La nostra casa è dove decidiamo di stare. A da dove siamo liberi di ripartire. Al momento giusto.

Bene. Io non mi schiodo da qui. Una donna rimane seduta sul marciapiede, davanti all’ingresso di un caseggiato. Vive sotto le finestre di una signora di mezz’età, che non ne sopporta la presenza. La considera un elemento di disturbo, al pari dei segnacci dei writers che hanno imbrattato le vetrate del portone. Ma non c’è verso di cacciarla. È una presenza tenace ed impassibile, che resiste a tutto, soprattutto alla monotonia e all’insofferenza altrui. Nulla può essere peggio della miseria.
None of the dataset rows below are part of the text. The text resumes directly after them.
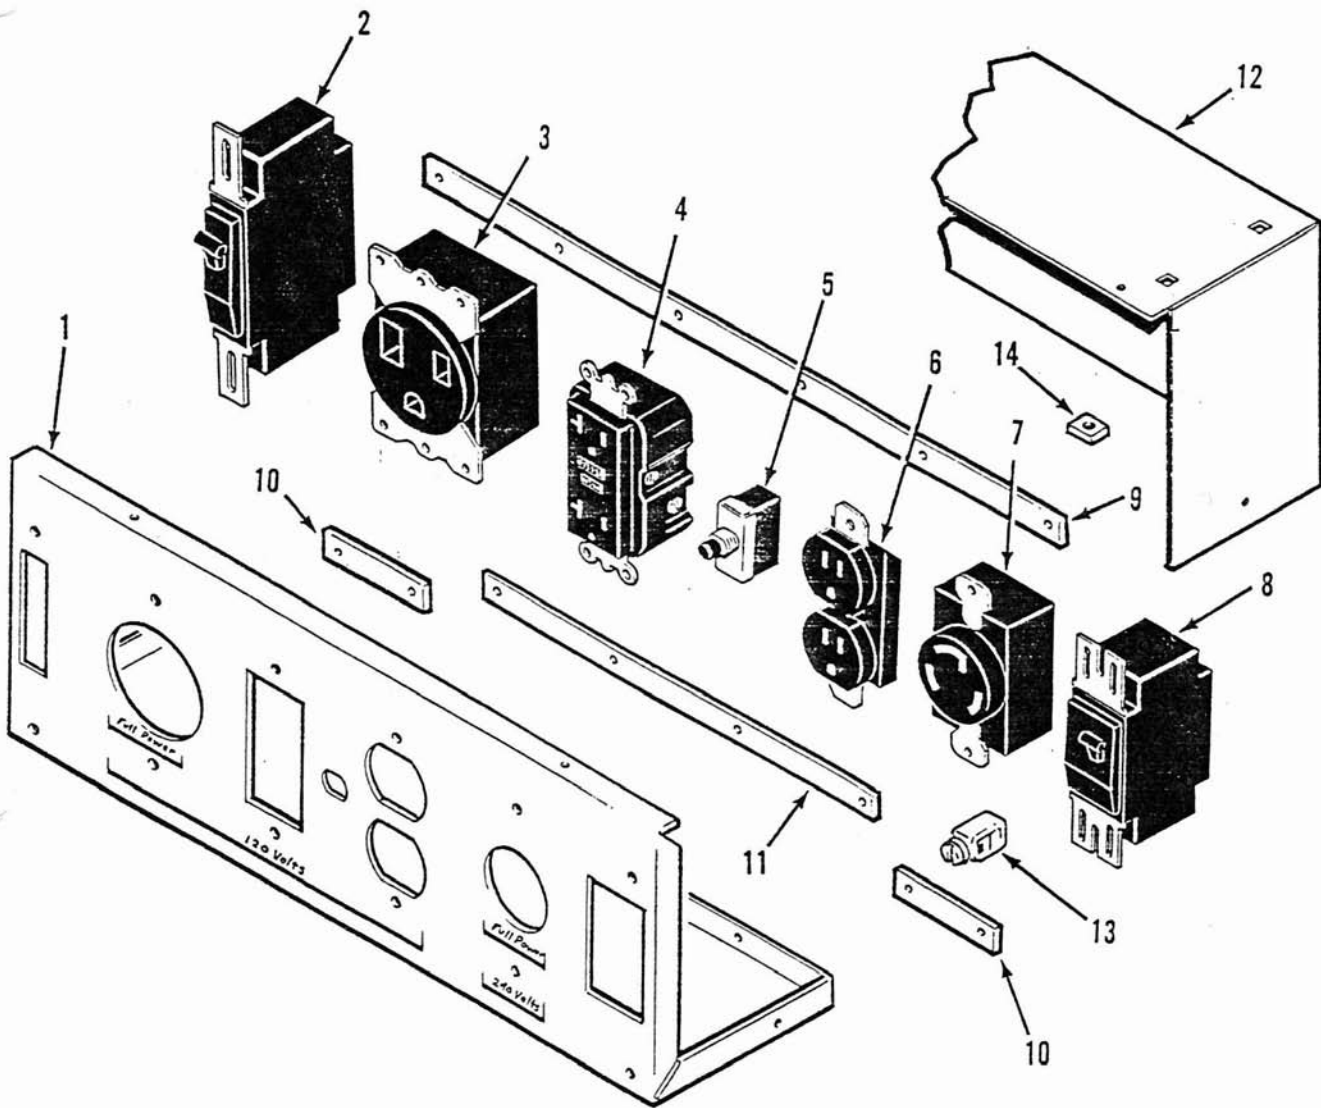

GENERATOR GROUP

HD4500 & HD4500E

GENERATOR GROUP

REF	PART NO.	DESCRIPTION	REQ	REF	PART NO.	DESCRIPTION	REQ
1	15013-000	SCREW - mtg cover	4	9	15008-001	BRACKET - engine	1
	21975-000	LOCKWASHER	4	10	23197-009	STUD - mtg rotor	1
2	15106-000	COVER - end	1	11	15045-005	ROTOR ASSEMBLY	1
3	15192-000	NUT - mtg bracket & generator	4	12	55223-000	BEARING	1
4	479-000	LOCKWASHER	4	13	23558-000	FLATWASHER	1
5	15156-001	BRACKET - bearing	1	14	480-001	LOCKWASHER	1
5a	15122-000	RING - tolerance	1	15	15193-000	NUT - mtg rotor	1
6	15091-005	STATOR ASSEMBLY	1	16	15047-001	DIODE - E4P9	1
7	15068-008	STUD - bracket	4	17	15047-002	DIODE - E4P9R	1
8	91658-003	SCREW - mtg bracket	4	18	15088-000	STRAP - capacitor	1
	481-000	LOCKWASHER	4	19	15051-000	CAPACITOR	2

CONTROL BOX ASSEMBLY

HD4500 & HD4500E

CONTROL BOX ASSEMBLY

REF	PART NO.	DESCRIPTION	REQ	REF	PART NO.	DESCRIPTION	REQ
				7	56281-000	RECEPTACLE - power, 20A 250V	1
1	15625-001	BOX ASSEMBLY - control	1	8	57030-001	BREAKER - circuit, 20A 250V	1
2	15624-000	PANEL - control	1	9	64045-007	STRAP - mounting	2
3	91977-008	BREAKER - circuit 35A 125V	1	10	64045-003	STRAP - mounting	2
4	54545-000	RECEPTACLE - power, 50A 125V	1	11	64045-001	STRAP - mounting	2
5	15147-002	RECEPTACLE - power, GFI, 15A 125V	1	12	21698-001	SCREW - mtg strap	11
6	91286-000	BREAKER - circuit, 15A	1	13	15355-000	COVER - box	1
	24749-000	RECEPTACLE - power, 15A 125V	1	14	21698-000	SCREW - mtg cover	6
					64211-000	LUG - ground	1
					6402-001	SCREW - mtg lug	1
					21976-000	LOCKWASHER	1
					92495-000	NUT - retainer	4
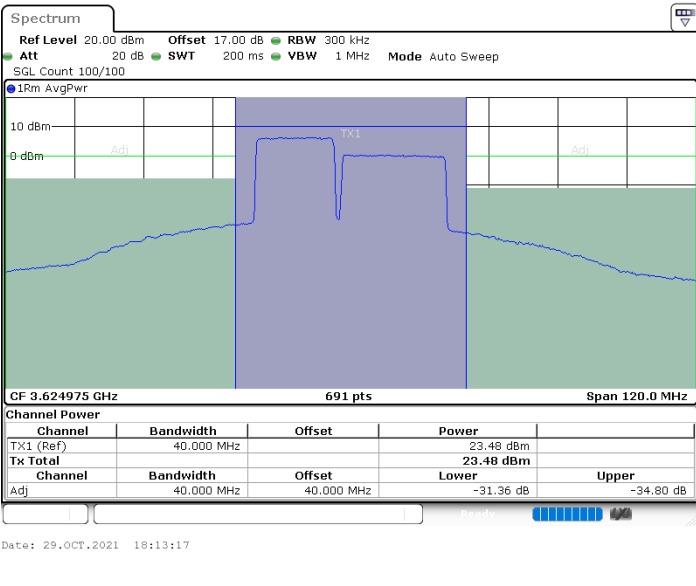

Lowest Channel / 1RB74 and 1RB0

Date: 29.OCT.2021 17:40:02

Date: 29.OCT.2021 17:37:01

Lowest Channel / FullIRB

N/A

Date: 29.OCT.2021 17:43:03

LTE Band 48C / 15MHz+20MHz

16QAM

Middle Channel / 1RB0 and 1RB99

Middle Channel / 1RB74 and 1RB0

Middle Channel / FullIRB

N/A

LTE Band 48C / 15MHz+20MHz

16QAM

Highest Channel / 1RB0 and 1RB99

Highest Channel / 1RB74 and 1RB0
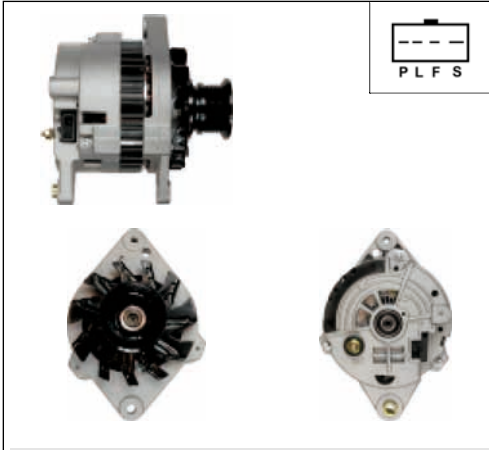

ALTERNATORS DELCO

A1002
Cross: Delco 10480000, 10480073, 10490000
HC PARTS CA1396IR, **CARGO** 111846
Size A 46.5, **Size B** 12.5, **Size C** 81, **Voltage** 12, **Amp.** 75
For: CHEVROLET, DAEWOO

A1005
Cross: Delco 219138, 219202, DRA4137, DRA4137N
HC PARTS CA1672IR, **CARGO** 113349
Size A 37, **Size B** 13, **Size C** 81, **Voltage** 12, **Amp.** 85
For: CHEVROLET, DAEWOO
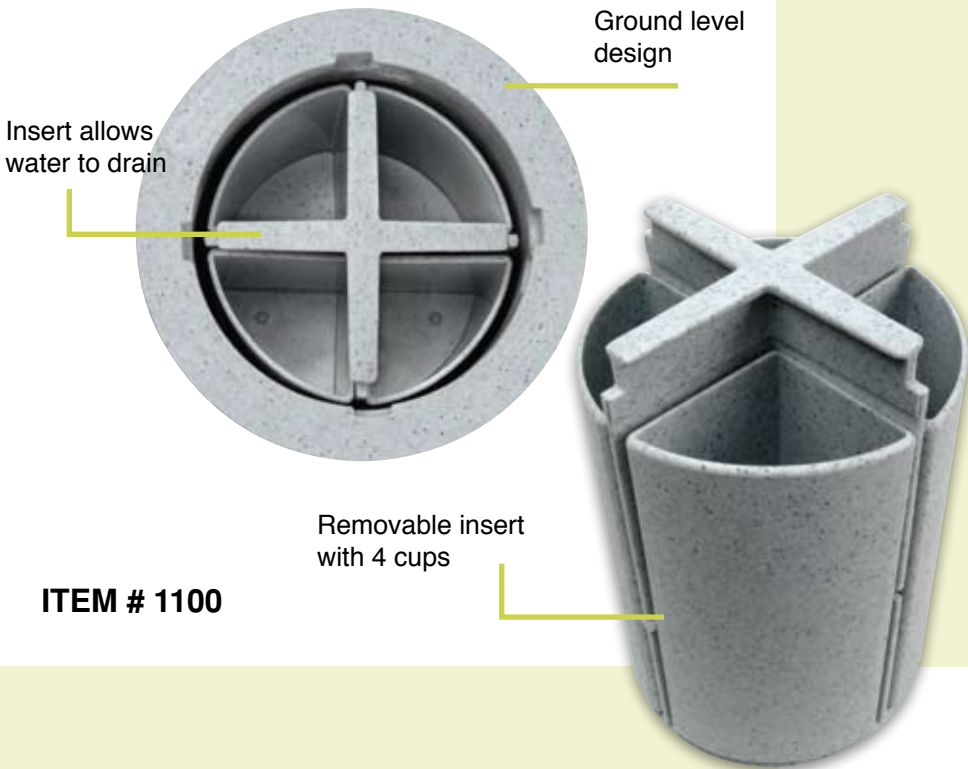

Fresh Flower Cemetery Vase
Ultra-durable ground level vase is
manufactured from commercial grade
polymers for years of trouble-free use.

Cemetery Vase

ITEM # 1100

The flush to the ground design withstands
damage from mowers, maintenance equipment
and foot traffic.

Unique ground level design features:

- Ultra-durable material for years of use.
- Ground level design reduces damage and discourages vandalism and theft.
- Removeable insert with four water cups keeps flowers fresher longer.
- Earth-tone color palette, choose from: earth brown, olive green or grey granite.
- Easy to install.

Great value! Durability, design and function at
an affordable price.

Temporary Cross Grave Marker

- A high quality temporary grave marker that is also a treasured keepsake.
- Made of commercial grade polymer resin with a marble-like appearance.
- Can be ordered with blank color matching labels to personalize the name of the deceased.
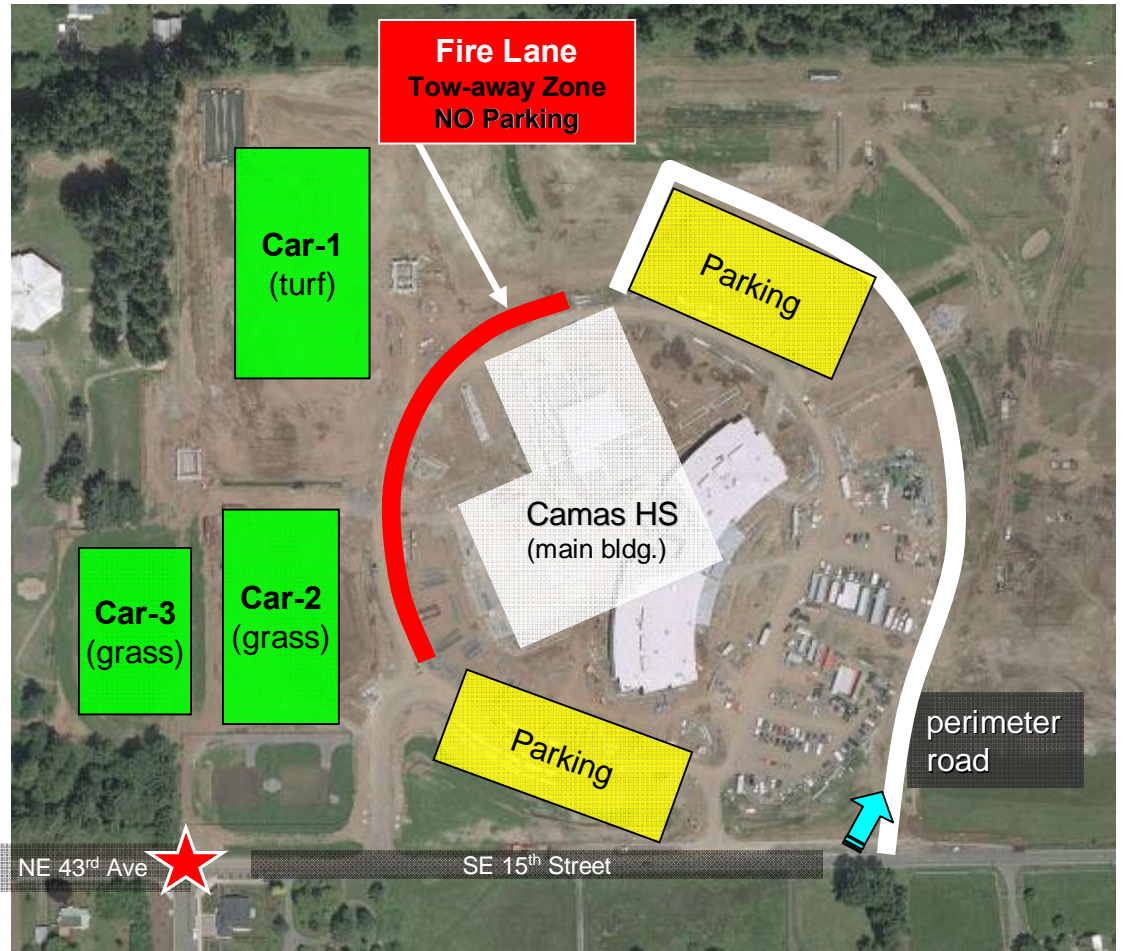

Camas High School
Cardon Field

26900 SE 15th Street
Camas, WA 98607

CHS Field & Parking Map
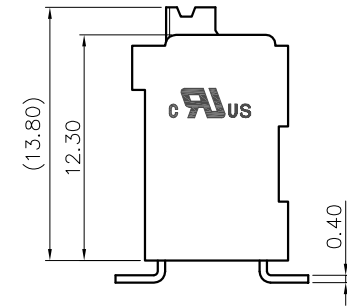

REVISION RECORD				
REV	ECN	DESCRIPTION	DRFT	DATE
A		NEW		22.5.30

NOTES1:
 UL Standard
 1. Rated voltage/current : 300V / 12A
 2. Withstanding voltage : AC1600V/1Min.
 3. Wire range : 28~14AWG

IEC Standard

1. Pollution degree	2	2	3
Overvoltage category	II	III	III
Rate impulse voltage(KV)	2.5KV	2.5KV	2.5KV
Rate voltage(V)	320V	200V	200V
Rate current(A)	17.5A		

2. Wire range : 0.2~1.5mm²

NOTES2:
 1. Dimension shall be interpreted per ASME Y14.5-2009
 2. Pitch : 3.5mm, Poles : N=02~24P
 3. Stripping length : 8~9mm
 4. Operating temperature: -40°C~+130°C
 5. Undimensioned tolerances:

Pitch range in mm		Nominal dimension range in mm								
TO	Over	Over	Over	Over	Over	Over	0.1/10			
6	TO 6	TO 10	TO 24	TO 30	TO 60	TO 100	TO 150	<		
±0.15	±0.20	±0.30	±0.30	±0.50	±0.70	±1.00	±1.30	±2'		

6. RoHS Compliance

Ordering Information

JL212V-SMT- 350 XX B P 1

Pitch
350=3.50PH

No. of pins
2P~24P

Housing Color
 B=Black
 G=Green
 U=Blue
 R=Red
 W=White
 Y=Yellow
 □=Orange
 E=Grey

Color

Packing
 0=Pe bag
 T=Tube
 A=Tray
 P=Tube+Cap
 R=Reel+Cap
 M=Reel+Mylar
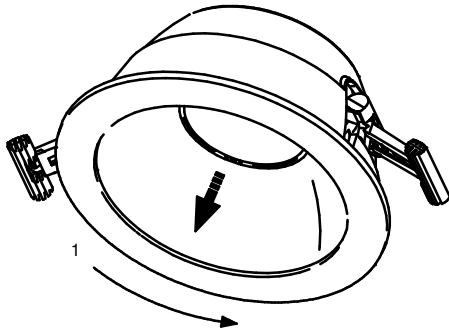

Instruction for opal glass accessory installation (PGO)

Rotate the reflector to unclip it and remove it

E nulla meglio della libertà assoluta, quella di essere, semplicemente, di vivere come una persona che occupa il suolo e la visuale altrui, che si accontenta di rivendicare, in questo modo, il proprio diritto ad esistere, fuori da ogni schema di comportamento, da ogni programma per la giornata. Chi la guarda, con indifferenza oppure con fastidio, non si rende conto che lei, quella sagoma fissa al centro del paesaggio, è il dipinto, mentre il mondo intorno, con i suoi abitanti inquieti, è solo la movimentata cornice del suo nobilissimo ritratto, composto ed austero, fiero ed irremovibile. Sono gli altri, che vanno avanti e indietro, che trafficano e non trovano mai pace, i veri senza fissa dimora. Lei una casa ce l’ha, e la custodisce gelosamente: è l’angolo di terra in cui trascorre tranquillamente il tempo, senza provare alcun disagio, come dentro una nicchia costruita su misura, che è, contemporaneamente, la vetrina in cui si mette in mostra. Una santa nell’edicola. Una certezza serafica e scultorea che ci aspetta, immancabilmente, alla svolta del cammino. Eterna nella sua ripetitiva,  laconica inutilità. Pronta a sparire - come un angelo a missione compiuta - non appena qualcuno ne smaschera la comune, ed umanissima, anima di carne.